Dataset content:
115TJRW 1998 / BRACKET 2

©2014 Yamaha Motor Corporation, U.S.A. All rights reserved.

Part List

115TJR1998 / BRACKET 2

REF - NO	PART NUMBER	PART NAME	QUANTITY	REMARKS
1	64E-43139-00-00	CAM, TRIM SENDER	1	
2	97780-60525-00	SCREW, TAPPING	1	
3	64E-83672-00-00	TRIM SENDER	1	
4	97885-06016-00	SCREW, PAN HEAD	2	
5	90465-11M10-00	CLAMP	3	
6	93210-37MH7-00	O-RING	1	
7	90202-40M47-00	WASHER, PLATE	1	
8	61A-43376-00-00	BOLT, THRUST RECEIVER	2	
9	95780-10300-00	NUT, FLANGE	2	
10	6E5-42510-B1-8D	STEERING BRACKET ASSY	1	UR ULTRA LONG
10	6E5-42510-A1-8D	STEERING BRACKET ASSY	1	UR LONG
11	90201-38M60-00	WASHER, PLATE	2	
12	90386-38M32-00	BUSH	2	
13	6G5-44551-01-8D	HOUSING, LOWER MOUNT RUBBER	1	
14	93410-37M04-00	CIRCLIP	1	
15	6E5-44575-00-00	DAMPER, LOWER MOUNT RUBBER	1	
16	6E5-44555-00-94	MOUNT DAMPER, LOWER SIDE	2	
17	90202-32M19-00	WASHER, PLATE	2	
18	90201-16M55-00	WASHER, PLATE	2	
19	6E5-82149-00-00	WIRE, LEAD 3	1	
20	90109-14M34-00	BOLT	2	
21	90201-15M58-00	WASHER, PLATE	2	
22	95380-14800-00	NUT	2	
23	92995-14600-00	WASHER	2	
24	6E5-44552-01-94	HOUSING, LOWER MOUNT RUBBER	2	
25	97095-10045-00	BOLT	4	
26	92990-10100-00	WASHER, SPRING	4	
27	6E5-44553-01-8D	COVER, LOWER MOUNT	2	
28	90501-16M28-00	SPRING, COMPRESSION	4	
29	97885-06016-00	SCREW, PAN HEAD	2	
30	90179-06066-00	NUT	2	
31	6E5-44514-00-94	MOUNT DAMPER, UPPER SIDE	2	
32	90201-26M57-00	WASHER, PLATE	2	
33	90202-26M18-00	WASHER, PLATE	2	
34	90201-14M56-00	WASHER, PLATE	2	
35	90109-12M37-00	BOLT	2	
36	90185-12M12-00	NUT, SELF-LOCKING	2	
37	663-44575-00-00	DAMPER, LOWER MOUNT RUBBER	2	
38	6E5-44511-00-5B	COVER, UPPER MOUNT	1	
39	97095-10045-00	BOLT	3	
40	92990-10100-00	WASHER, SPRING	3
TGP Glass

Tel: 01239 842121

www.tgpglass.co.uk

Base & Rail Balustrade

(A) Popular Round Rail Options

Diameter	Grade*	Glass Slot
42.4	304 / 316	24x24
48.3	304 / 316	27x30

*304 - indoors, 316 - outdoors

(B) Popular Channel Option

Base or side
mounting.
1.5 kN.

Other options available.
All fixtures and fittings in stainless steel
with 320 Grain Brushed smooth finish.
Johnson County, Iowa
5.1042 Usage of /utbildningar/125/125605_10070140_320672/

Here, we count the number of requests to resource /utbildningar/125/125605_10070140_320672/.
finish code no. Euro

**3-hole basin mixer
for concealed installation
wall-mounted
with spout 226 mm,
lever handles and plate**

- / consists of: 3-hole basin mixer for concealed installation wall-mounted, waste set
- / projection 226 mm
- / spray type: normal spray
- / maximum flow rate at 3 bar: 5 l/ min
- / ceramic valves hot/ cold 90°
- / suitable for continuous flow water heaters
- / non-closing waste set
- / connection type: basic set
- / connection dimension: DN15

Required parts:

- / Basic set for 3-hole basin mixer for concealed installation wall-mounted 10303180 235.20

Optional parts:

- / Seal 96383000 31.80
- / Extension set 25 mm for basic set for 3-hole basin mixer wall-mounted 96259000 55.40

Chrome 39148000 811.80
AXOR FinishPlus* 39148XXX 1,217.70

---

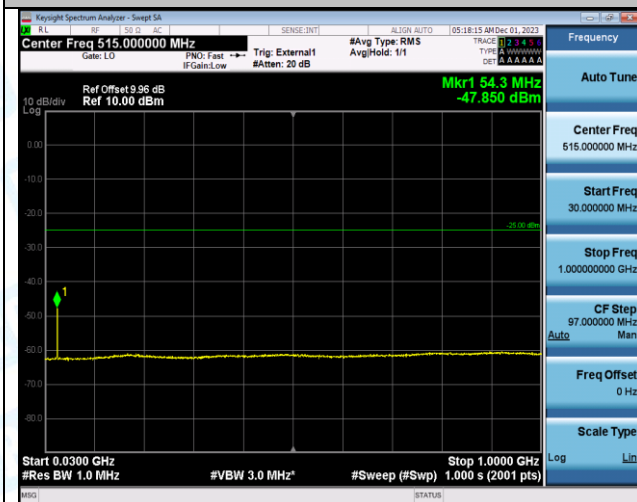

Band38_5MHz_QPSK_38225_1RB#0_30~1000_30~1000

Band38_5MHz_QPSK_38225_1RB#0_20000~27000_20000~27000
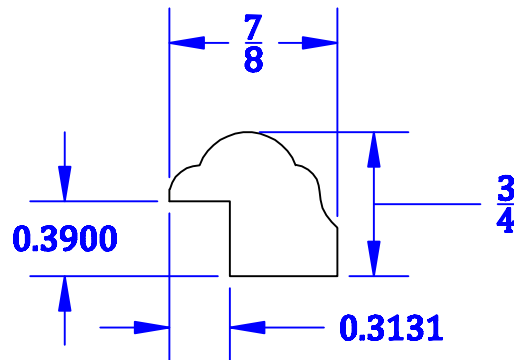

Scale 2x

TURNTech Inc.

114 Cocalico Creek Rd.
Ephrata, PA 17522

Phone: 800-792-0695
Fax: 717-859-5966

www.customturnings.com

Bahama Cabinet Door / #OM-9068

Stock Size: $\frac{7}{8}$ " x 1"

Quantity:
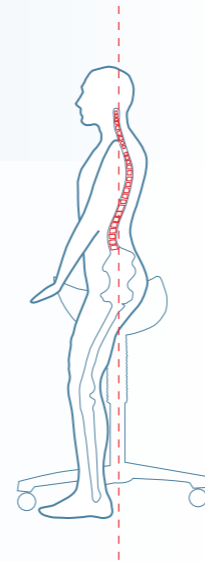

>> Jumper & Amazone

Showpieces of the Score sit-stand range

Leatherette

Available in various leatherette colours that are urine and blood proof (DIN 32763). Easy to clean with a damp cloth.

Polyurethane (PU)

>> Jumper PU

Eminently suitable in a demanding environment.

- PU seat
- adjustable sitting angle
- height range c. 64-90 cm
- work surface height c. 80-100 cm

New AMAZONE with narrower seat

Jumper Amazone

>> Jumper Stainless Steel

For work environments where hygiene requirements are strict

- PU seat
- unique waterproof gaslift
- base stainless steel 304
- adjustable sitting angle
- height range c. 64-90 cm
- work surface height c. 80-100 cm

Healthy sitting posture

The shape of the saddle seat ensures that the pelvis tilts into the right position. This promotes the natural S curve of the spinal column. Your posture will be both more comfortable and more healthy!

What to work on: Only lines of the material that contain the word "hole" belong in the answer; copy each one.

Task result:
**3-hole basin mixer
- / consists of: 3-hole basin mixer for concealed installation wall-mounted, waste set
- / Basic set for 3-hole basin mixer for concealed installation wall-mounted 10303180 235.20
- / Extension set 25 mm for basic set for 3-hole basin mixer wall-mounted 96259000 55.40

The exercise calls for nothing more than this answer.